Федор Андреевич Титов — дед Сергея Александровича Есенина.
Картина эта в какой-то мере напоминает обстановку в каширинском доме, где прошло детство Горького. Да и печальный конец питерской истории, когда пожар и наводнение уничтожили незастрахованную баржу Титова и он оказался почти разоренным, заставляет вспомнить последние дни каширинского красильного дела.
Ко времени, когда дед Есенина взял маленького внука к себе, он уже расстался со своими баржами и его материальные дела сильно покачнулись. Отправляя дочь — мать поэта — в Рязань, Федор Андреевич приказал ей высылать на содержание внука три рубля в месяц[34].
Трое взрослых неженатых сыновей Ф. А. Титова каждый по-своему занимались «воспитанием» Есенина. Ребята они были, как говорил поэт позднее, озорные и веселые.

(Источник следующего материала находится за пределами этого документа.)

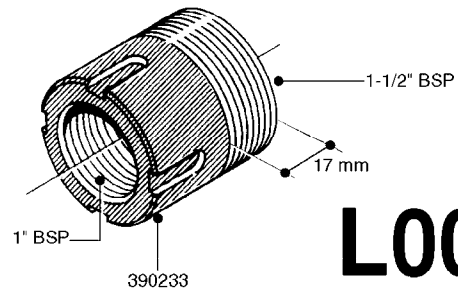

**L0030**

FITTINGS - HEXAGON NIPPLES  
L0030-HIN, 01:01:16

Page 1  
Date 07.02.2020 10:02

parts-n°	order qty	description
10015303	1	FITT.PO.HN 1.00X1.00 M1000
10425003	1	FITT.PO.HN 1.25X1.00 MCPHEE
320132	1	FITT.DK HN 1" BSP
320176	1	FITT.DK HN 3/8"X1/2" BSP
320445	1	FITT.DK HN 1/4"X3/8" BSP
320655	1	FITT.DK HN 1/2"-1/2" BSP
320692	1	FITT.DK HN 3/8'BSPX1/4'NPT
320703	1	FITT.DK HN 3/8BSP X1/2 &1/4NPT
320725	1	FITT.DK NIPPLE 3/8"-3/8" BSP
320902	1	FITT.DK HN 3/8'X 1/4' BSP
390232	1	FITT.DK HN 1-1/2' X 1-1/4' BSP
390276	1	FITT.DK HN 1'BSP

Они сажали трех-четырехлетнего мальчугана на лошадь и пускали ее в галоп, или «учили» его плавать, бросая из лодки в воду чуть ли не на середине Оки. Позднее, лет восьми, одному из них Есенин часто доставал в луговых озерах подстреленных уток.

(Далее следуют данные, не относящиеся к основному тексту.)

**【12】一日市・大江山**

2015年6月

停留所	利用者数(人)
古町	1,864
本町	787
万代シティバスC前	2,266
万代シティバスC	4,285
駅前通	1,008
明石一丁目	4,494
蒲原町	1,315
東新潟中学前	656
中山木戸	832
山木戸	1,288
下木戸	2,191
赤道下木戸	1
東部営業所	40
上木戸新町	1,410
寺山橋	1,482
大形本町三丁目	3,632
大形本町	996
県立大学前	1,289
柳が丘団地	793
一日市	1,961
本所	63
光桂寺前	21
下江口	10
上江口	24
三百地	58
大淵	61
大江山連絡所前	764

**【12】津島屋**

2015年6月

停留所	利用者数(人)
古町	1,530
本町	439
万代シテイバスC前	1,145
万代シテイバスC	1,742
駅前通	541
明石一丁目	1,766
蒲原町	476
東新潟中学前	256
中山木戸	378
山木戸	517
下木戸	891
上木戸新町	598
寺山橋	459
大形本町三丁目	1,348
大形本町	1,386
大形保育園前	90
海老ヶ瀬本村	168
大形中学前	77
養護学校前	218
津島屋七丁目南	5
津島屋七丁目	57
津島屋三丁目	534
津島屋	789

По-матерински заботилась о Есенине в доме Титовых бабушка — Наталья Евтеевна. «Бабушка любила меня из всей мочи, и нежности ее не было границ»[35], — признавался поэт. Отправляясь на богомолье, она брала внука с собой, зная, что без нее в доме его могут обидеть. В долгие зимние вечера она рассказывала ему сказки, пела песни, духовные стихи, унося его воображение в мир старинных преданий и легенд:
Под окнами Костер метели белой.
Мне девять лет.
Лежанка, бабка, кот…
И бабка что-то грустное,
Степное пела,
Порой зевая
И крестя свой рот. (3,42, 43)
Есенин не только слушал с интересом, но иногда и сам под впечатлением рассказанного начинал фантазировать и «сочинять». «Толчки давала бабка. Она рассказывала сказки. Некоторые сказки с плохими концами мне не нравились, и я их переделывал на свой лад»[36], — писал он позднее. В стихотворении «Бабушкины сказки», опубликованном в 1915 году в детском журнале «Доброе утро», Есенин вспоминает, как в долгие зимние вечера они, деревенские ребятишки, затаив дыхание, слушали увлекательные истории:
В зимний вечер по задворкам
Разухабистой гурьбой
По сугробам, по пригоркам
Мы идем, бредем домой.
Опостылеют салазки,
И садимся в два рядка
Слушать бабушкины сказки
Про Ивана-дурака.
И сидим мы, еле дышим… (1,163)
Жизнь Есенина в доме Титовых отмечена и таким примечательным событием: по настоянию деда он рано начал одолевать грамоту по церковным книгам. «Читать начал с 5 лет»[37], — указывал поэт.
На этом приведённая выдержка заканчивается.